With the economy in a downward spiral and state budget cuts looming, the California State university system has plans to turn away students as early as next fall, a decision that will affect DVC students hoping to transfer, and the college itself.
Due to budget cuts, the 23-campus Cal State system stands to lose as much as $600 million this year and next.
In order to deal with an already overburdened system, CSU Chancellor Charles Reed declared a “systemwide impaction” and said enrollment will be cut by 10,000 students next fall in response to the loss of funding, according to a memo sent to all CSU faculty and staff by Reed on Nov. 18.
While this will help fix a situation in which students have been unable to get into enough classes to complete their degrees on time, it also means students who would previously have been accepted may now be turned away.
“For several years, the CSU has provided access to more students while funding and resources from the state have remained static, and in some years, actually declined,” Reed said.
High school graduates looking to attend a CSU are going to get the short end of the stick, and even community college students may be asked to complete more courses and receive higher GPA’s before being allowed to transfer, said Nicola Place, DVC senior academic and student services manager.
Until now a California community college student needed only a 2.0 GPA, 60 transferable units, and completion of all general ed requirements to be eligible for transfer, Place said.
Transfer students will still have priority over incoming freshman, Place said, but students wishing to transfer to out-of-area CSUs may now be waitlisted.
As a result, transfer students may be forced to continue on at DVC, at the same time the colleges faces a big increase in the number of arriving freshmen – all of this coinciding with class cuts and a campus already stretched to capacity.
“All 10,000 freshman that they’re going to turn away are going to come to us, and we’re having budget cuts as well,” Place said.
DVC’s enrollment is already up 4.2 percent from last year, a trend that DVC President Judy Walters attributed to the poor economy.
“I think the increase in enrollment has to do with the unemployment rate and how much it’s costing to go to a four-year college,” she said.
The community college system, with 110 campuses across the state, has always prided itself on being open to all Californians, but these budget cuts are not limited to the state level.
The district is expecting $8 to $9 million in budget cuts to be spread across the three colleges, said Susan Lamb, vice president of instruction.
Tim Leong, the district’s director of communications, said, with an increase in students, there is always a concern about having enough faculty members and classrooms to accommodate the influx.
“There will be competition for actual facilities,” Leong said. “But there is room for growth and [DVC] college can handle that up to a point.”
DVC will have a difficult time making room for more students in its specialized courses, such as anatomy and physiology, but “if they’re looking at general courses then yes, we should be OK,” Lamb said.
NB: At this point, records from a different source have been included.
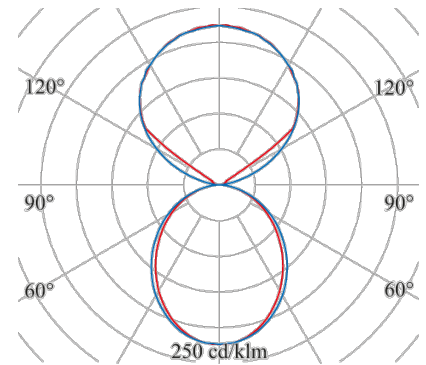

S 55

151-103-223

The light channel - all-rounder in linear lighting - efficient, versatile and durable

Design: linear
Design Version: Einzelleuchte
wall mounting: available
surface mounting: available
material: aluminum
colour: silvergrey
Width [mm]: 55
Length [mm]: 1130
Height/depth [mm]: 90
weight net [kg]: 4

Uniquely slim, uniquely efficient and uniquely versatile, this makes the light line system an all-rounder - and ideal for lighting schools, workplaces and traffic zones.

Type: LINEAR
light direction: direct/indirect
Luminaire Luminous Flux [lm]: 5000
light cover: Acryl satined
light symetry: symmetrical
Unified Glare Ratio UGR: 21
System efficiency (lm/W): 116
Colour Temperature [K]: 3000
Colour Rendering Index: >80
control: DALI
control gear incl: 43
Nominal voltage: 230V 0/50/60Hz
life cycle: 70.000h (L80/B10)
emergency ready: yes
Degree of protection: IP30
Protection class: I
control gear incl: yes
Stand: 19.08.2022
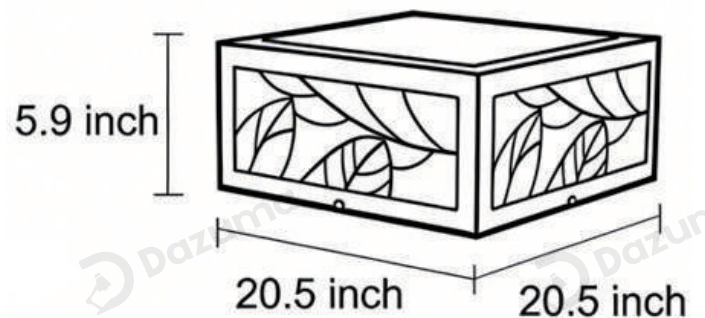

## · Core Specifications

---

Length	5.9 inches
Width	12.6 inches
Depth	12.6 inches

---

## · Core Specifications

---

Length	5.9 inches
Width	16.5 inches
Depth	16.5 inches

---

## · Core Specifications

---

Length	5.9 inches
Width	20.5 inches
Depth	20.5 inches

---

## · Core Specifications

---

Length	5.9 inches
Width	23.8 inches
Depth	23.8 inches

---
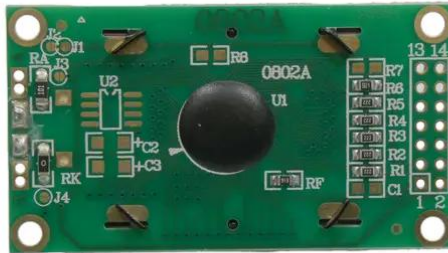

## Pcb (LCD Display) LED Mega Strobe 812 Panel (0802A)

**Art. No.: E6511907**  
GTIN: 4026397737578

---

## Pcb (LCD Display) LED Mega Strobe 812 Panel (0802A)

**Art. No.: E6511907**  
GTIN: 4026397737578

**Features:**

---
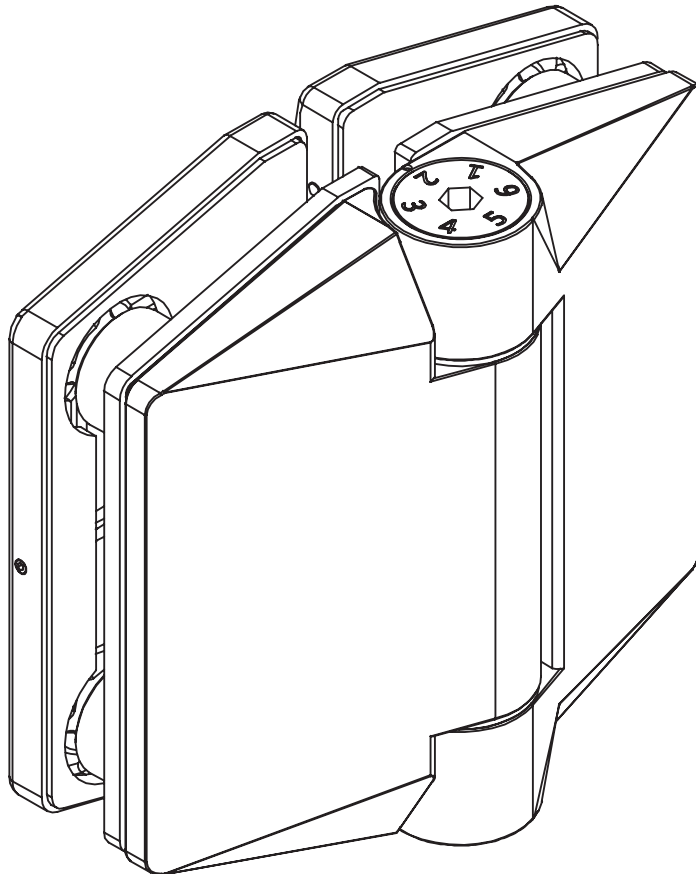

220 SERIES INTERNAL HINGE

GLASS TO GLASS

FINISHES AND FUNCTIONS

- 2205 GRADE STAINLESS STEEL
- POLISHED STAINLESS
- BRUSHED STAINLESS
- SINGLEACTION
- SOFTCLOSE
- NON-HOLD OPEN

10mm
12mm

MAX.
900mm WIDE

MAX 60kg

90°

CLOSING FORCE
OPEN 90° = 4Nm
CLOSED 0° = 2Nm

“We’re all struggling up and down the state,” she added. “How do you stretch each dollar farther, and how do you have the least impact of students? It’s a hard choice sometimes.”
According to the research office, 1,262 DVC students transferred to a CSU during the 2007-2008 school year, said Mohamed Eisa, dean of planning, research and student outcomes.
“Applications for fall 2009 are up almost 20 percent from last year, with a 36 percent increase in applications from community college transfer students,” Chancellor Reed said in the Nov. 18 memo.
CSU East Bay and SF State are the two most popular transfer recipients for DVC students, with Cal State Sacramento, San Jose State, Cal State Chico and San Diego State close behind, according to the Postsecondary Education Commission.
“Ones already at capacity [such as San Diego State] are likely to take the extreme steps that the impaction policy allows,” Place said.
Although not all DVC students will be able to transfer to the state college of their choice, CSU East Bay, SF State and Humbolt State are not planning to turn away any qualified students because they are currently under capacity.
“East Bay has been in a growth mode,” said Greg Smith, associate vice president of planning and enrollment management for CSU East Bay. “We’re really expecting to enroll the same number of students.”